## Goal of the exercise:
Lines from the one containing "- 看板光源、店舗装飾、間接灯、棚下灯など幅広く対応" through the last line of the data are to be returned exactly, both ends included, minus any pictures.

[Items from a dataset]
-- Opening Marker --

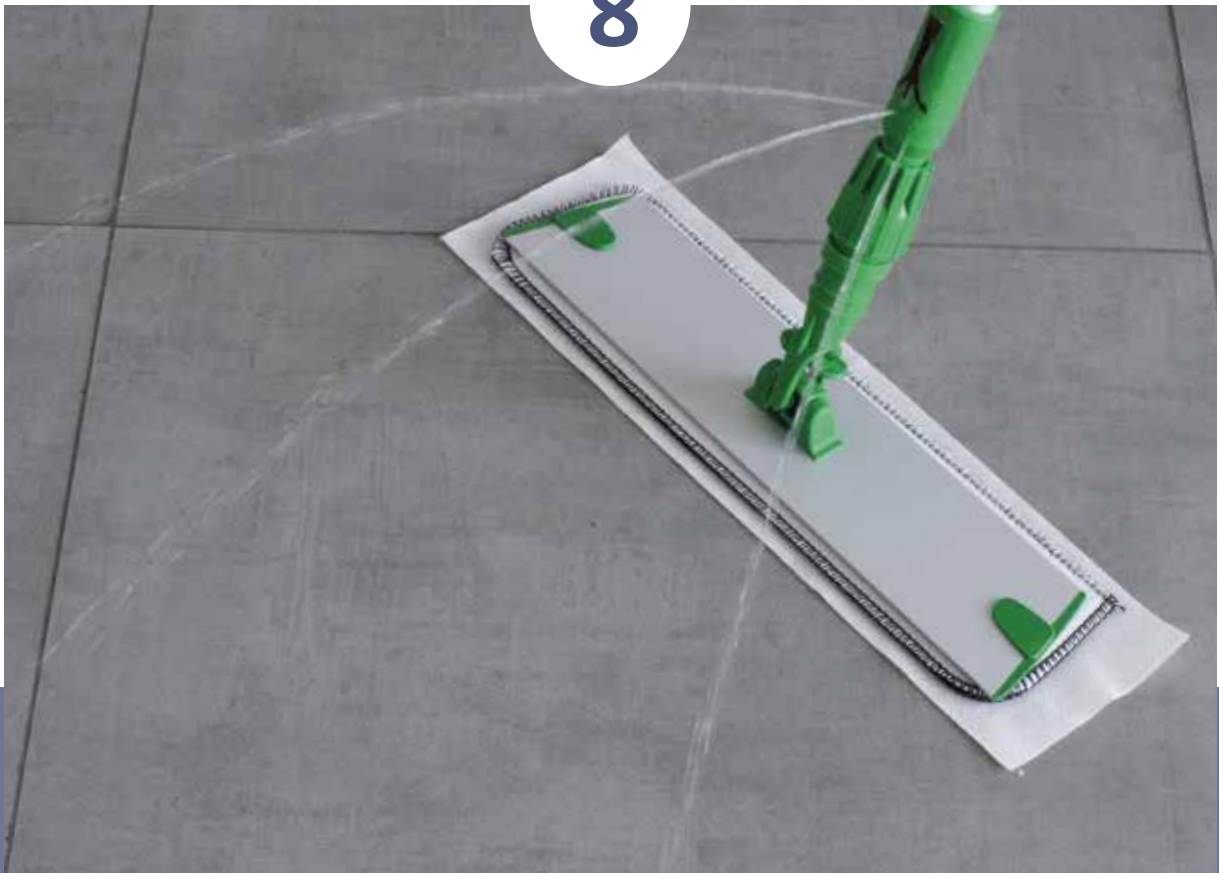

VLOERREINIGING

8
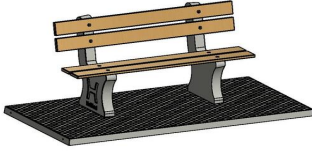

Banc beton durable avec assise en bambou

Ce banc de parc avec plaque de fond est une version DeLuxe. Cela signifie que le siège, ainsi que le dossier, sont fabriqués en bambou pressé de haute qualité. Avec son assise en bambou, ce banc de parc est un produit très durable. En effet, le bambou pousse extrêmement vite et est de ce fait une matière première inépuisable. Et l'assise en bambou a par ailleurs une très longue durée de vie.

Banc de parc en différentes variantes

La plaque de fond et les supports sont fabriqués dans la couleur Béton naturel. Vous pouvez également choisir le banc de parc en béton anthracite. Et combiner cette variante avec une table assortie, également disponible chez nous. Les dimensions du banc de parc avec plaque de fond sont de 248 x 120 cm. La hauteur d'assise de 50 cm est ergonomique et convient aux personnes âgées. Les supports des bancs de parc sont en béton massif. Nous utilisons du béton de haute qualité vous garantissant de nombreuses années d'utilisation de ce banc de parc.

Plaques de fond en béton pour banc de parc

Ce banc de parc est fourni avec une plaque de fond. Les plaques de fond

21 novembre 2024 - Prix sujets à changement

assurent la stabilité des bancs mis en place. Une plaque de fond est également commode en cas de pluie et/ou de boue. Grâce à la plaque de fond, vous ne serez pas assis les chaussures dans la boue. La plaque de fond facilite également beaucoup l'entretien d'un banc de parc. Ce modèle est doté d'une plaque de fond avec un profil antidérapant, réduisant considérablement le risque de glisser.

HeBlad
www.HeBlad.com
BB.PB.OP
gewicht ± 700 KG.

Spécifications Banc de Parc en béton avec plaque de fond

Code de produit	BB.PB.OP	Matériel assise	Bambou
Couleur	Béton naturel	Nombre d'assises	4
Dimensions (L x P x H)	248 x 120 x 103 cm	Dimensions plaque de fond	248 x 120 x 7 cm
Dimensions assise	180 x 30 cm	Finition plaque de fond	profile antiderapante
Hauteur d'assise	49 cm	Poids	700 kg
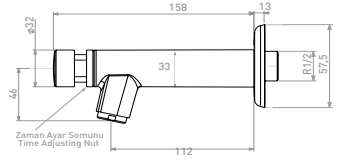

Z 2220

Zaman
Ayarlı Musluk
Self Closing Wall Mounted Basin Faucet

Koli Adet Quantity of Boxes	20	Adet Pieces
Koli Ağırlığı / kg Packing Weight /kg	17,55	kg.
Koli Ölçüleri / cm Quantity of Boxes / cm	42x35x40	cm
Koli Hacmi / m³ Pack Dimension / m³	0,059	m³
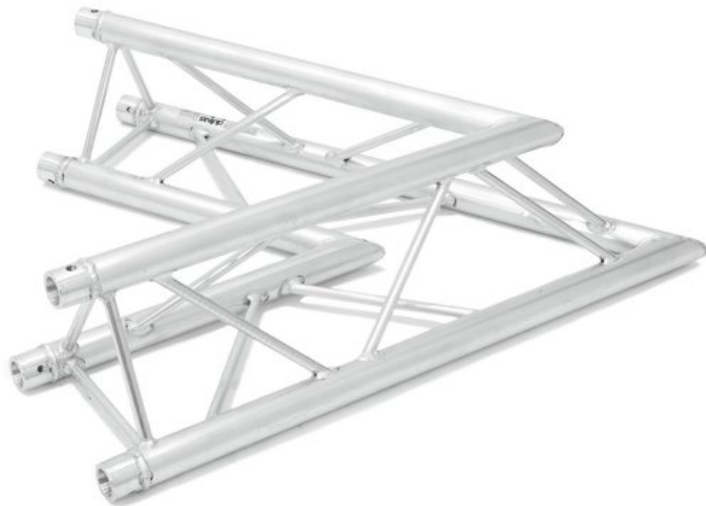

ALUTRUSS TRILOCK E-GL33 C-20 2-Weg-Ecke 60°

3-Punkt Traversensystem

Art.-Nr.: 60302204

GTIN: 4026397559408

Listenpreis: 339.15 €

inkl. 19% MwSt.

Features:

- Geringes Gewicht
- Einfache Montage
- Gurtrohr: 50 mm
- Made in Europe
- Für Anwendungsgebiete wie zum Beispiel: Theater; Messe- und Ladenbau; Clubs/Tanzschulen

Lieferumfang

- 1 x Verbinderset

Logistic

EAN / GTIN: 4026397559408

Gewicht: 6,30 kg

Länge: 1.00 m

Breite: 0.98 m

Höhe: 0.26 m

Sperrgut

Technische Daten:

Aufbau: Einfache Montage

Gurtrohr: 50 mm x 2 mm

Farbe: Alufarben

Gewicht: 5,8 kg
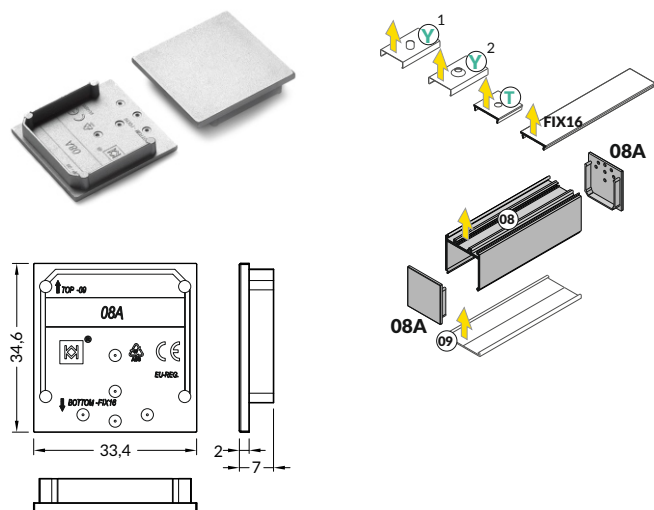

KONCOVKY VARIO 30-08

materiál: ABS

VARIO30-08A koncovka

VARIO30-08B koncovka

VARIANTA: 15, 24, 32

VARIO30-08C koncovka

VARIANTA: 19, 27, 35

VARIO30-08D koncovka

VARIANTA: 16, 17, 18, 25, 26, 34

Koncovky ABCD

bílé

stříbrné

černé

šedé

VARIO30-08ABCD

3209188602

3209202602

3209248602

3209071602

BALENÍ = 1 set = 2 x 08A + 2 x 08B + 2 x 08C + 2x08D
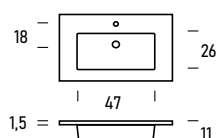

BAJO PEDIDO

Fabricación bajo pedido Plazo de entrega 21 días.

SOLID SURFACE ambar

● En stock ● Plazo de entrega 21 días.

cm	Referencia	Pts
60	506 01 060	185
70	506 01 070	195
80	506 01 080	215
90	506 01 090	260
100	506 01 100	270
120	506 01 120	315
130	506 01 130	400
140	506 01 140	405
150	506 01 150	490
160	506 01 160	510
170	506 01 170	540
180	506 01 180	550
190	506 01 190	570
200	506 01 200	590

cm	Referencia	Pts
120	506 01 122	390
140	506 01 142	415
140 (60+20+60)	506 01 145	510
150 (70+10+70)	506 01 155	580
160	506 01 162	515
160 (60+40+60)	506 01 165	590
170 (70+30+70)	506 01 176	625
180 (80+20+80)	506 01 185	635
200	506 01 202	620

cm	Referencia	Pts
80 (60+20)	506 01 081	265
90 (70+20)	506 01 092	280
90 (60+30)	506 01 091	280
100 (70+30)	506 01 107	290
100 (80+20)	506 01 102	290
110 (80+30)	506 01 112	325
120 (60+60)	506 01 121	350
130 (70+60)	506 01 131	420
140 (70+70)	506 01 143	415
150 (80+70)	506 01 151	510
160 (80+80)	506 01 161	520
170 (100+70)	506 01 171	550
180 (100+80)	506 01 181	560
190 (100+90)	506 01 191	590
200 (100+100)	506 01 201	610

cm	Referencia	Pts
80 (20+60)	506 01 083	265
90 (20+70)	506 01 094	280
90 (30+60)	506 01 093	280
100 (30+70)	506 01 108	290
100 (20+80)	506 01 104	290
110 (30+80)	506 01 114	325
120 (60+60)	506 01 123	350
130 (60+70)	506 01 133	420
140 (70+70)	506 01 144	415
150 (70+80)	506 01 153	510
160 (80+80)	506 01 163	520
170 (70+100)	506 01 173	550
180 (80+100)	506 01 183	560
190 (90+100)	506 01 193	590
200 (100+100)	506 01 203	610

cm	Referencia	Pts
60	526 01 060	440
70	526 01 070	490
80	526 01 080	535
90	526 01 090	565
100	526 01 100	600
120 1s	526 01 120	660
120 2s	526 01 122	710
140 1s	526 01 140	750
140 2s	526 01 142	780

Altura 25,5 cm

Kit de conexión mural.
latiguillos de 60 cm
+ codo de conexión.

Referencia	Pts
412 00 060	15
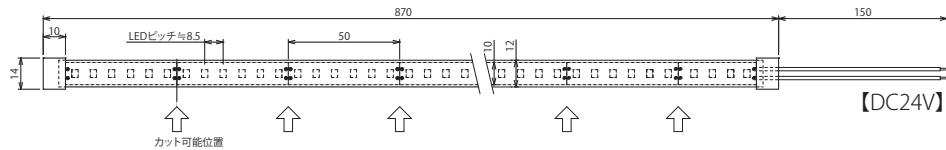

リオライト9 (24V)

- 高輝度SMD LEDを使用
- 低消費電力、低発熱を実現
- 加工しやすい、カットも可能
- 看板光源、店舗装飾、間接灯、棚下灯など幅広く対応

- シリコンチューブ保護 (IP65相当)

型式	LED色	入力電圧	製品寸法	消費電力	基板色	カット単位	最大直連長さ	LEDタイプ	LED数量	LEDピッチ	色温度/波長	発光角度	動作周辺温度	製品重量	
TM-8724D	電球色	DC24V (±10%)	幅14mm × 長さ 870mm × 厚み6mm	8W	白	50mm/ ユニット	5mまで	3528	102球	≒8.5mm	2800k~3500k	120°	-20℃ ~ 60℃	40g	
TM-8724W	白			8W							5500k~6500k				
TM-8724R	赤			9W							620nm~625nm				
TM-8724B	青			9W							467nm~475nm				
TM-8724G	緑			9W							515nm~520nm				

・入線キャップ

・エンドキャップ

・固定グリップ

・接着剤
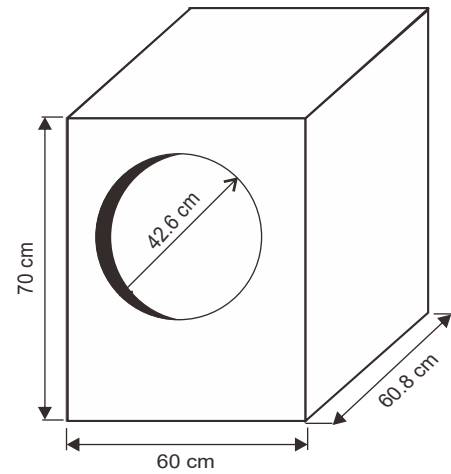

Spesifikasi

Diameter Speaker (inch/mm)	18 inch / 457.2 mm
Impedansi (Ω)	8 Ω
Nominal power handling (Watt) ¹	1900 Watt
Program power (Watt) ²	3800 Watt
Lebar daerah frekuensi (Hz)	35 Hz - 3100 Hz
Sensitivity (2.83 V / 1 m) (dB)	99 dB
Diameter cone efektif (mm)	394.7 mm
Medan magnet (T)	1.05 T
Berat magnet (Kg/Oz)	8.74 kg / 305.90 Oz
Berat Speaker	22.9 kg
Voice coil diameter (mm)	113.0 mm
Voice coil material	FIBSV

Respon Frekuensi

Impedansi

Respon Bass

Referensi Box Speaker

Dimensi luar 255.53 Lt pada Fb 35 Hz
Tebal material 18 mm

Showroom

Surabaya : Jl. Genteng Besar No.43, (Genteng Electronic Center, Lt.2 No.201-203) - Surabaya
Telp. : +62 81231833504 , +62 81217334084
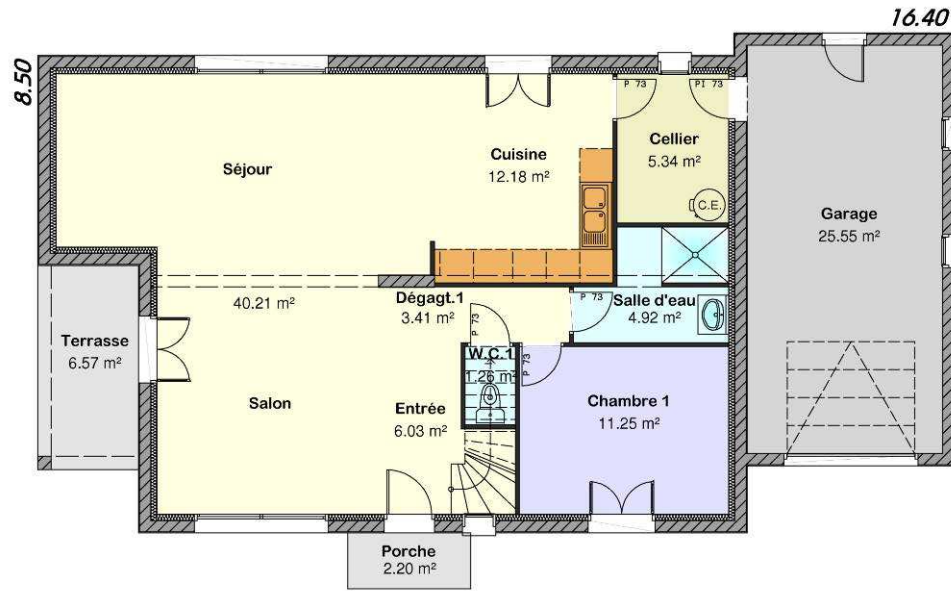

RDC

Surface Hab: 84.60 m²

Etage

Surface Hab: 49.86 m²

Pimprenelle

Ce modèle est la propriété de M.M.C Construction - Toute reproduction ou utilisation sans autorisation de cette société est interdite

-- Closing Marker --

## Expected answer:
- 看板光源、店舗装飾、間接灯、棚下灯など幅広く対応

- シリコンチューブ保護 (IP65相当)

型式	LED色	入力電圧	製品寸法	消費電力	基板色	カット単位	最大直連長さ	LEDタイプ	LED数量	LEDピッチ	色温度/波長	発光角度	動作周辺温度	製品重量	
TM-8724D	電球色	DC24V (±10%)	幅14mm × 長さ 870mm × 厚み6mm	8W	白	50mm/ ユニット	5mまで	3528	102球	≒8.5mm	2800k~3500k	120°	-20℃ ~ 60℃	40g	
TM-8724W	白			8W							5500k~6500k				
TM-8724R	赤			9W							620nm~625nm				
TM-8724B	青			9W							467nm~475nm				
TM-8724G	緑			9W							515nm~520nm				

・入線キャップ

・エンドキャップ

・固定グリップ

・接着剤

Spesifikasi

Diameter Speaker (inch/mm)	18 inch / 457.2 mm
Impedansi (Ω)	8 Ω
Nominal power handling (Watt) ¹	1900 Watt
Program power (Watt) ²	3800 Watt
Lebar daerah frekuensi (Hz)	35 Hz - 3100 Hz
Sensitivity (2.83 V / 1 m) (dB)	99 dB
Diameter cone efektif (mm)	394.7 mm
Medan magnet (T)	1.05 T
Berat magnet (Kg/Oz)	8.74 kg / 305.90 Oz
Berat Speaker	22.9 kg
Voice coil diameter (mm)	113.0 mm
Voice coil material	FIBSV

Respon Frekuensi

Impedansi

Respon Bass

Referensi Box Speaker

Dimensi luar 255.53 Lt pada Fb 35 Hz
Tebal material 18 mm

Showroom

Surabaya : Jl. Genteng Besar No.43, (Genteng Electronic Center, Lt.2 No.201-203) - Surabaya
Telp. : +62 81231833504 , +62 81217334084

RDC

Surface Hab: 84.60 m²

Etage

Surface Hab: 49.86 m²

Pimprenelle

Ce modèle est la propriété de M.M.C Construction - Toute reproduction ou utilisation sans autorisation de cette société est interdite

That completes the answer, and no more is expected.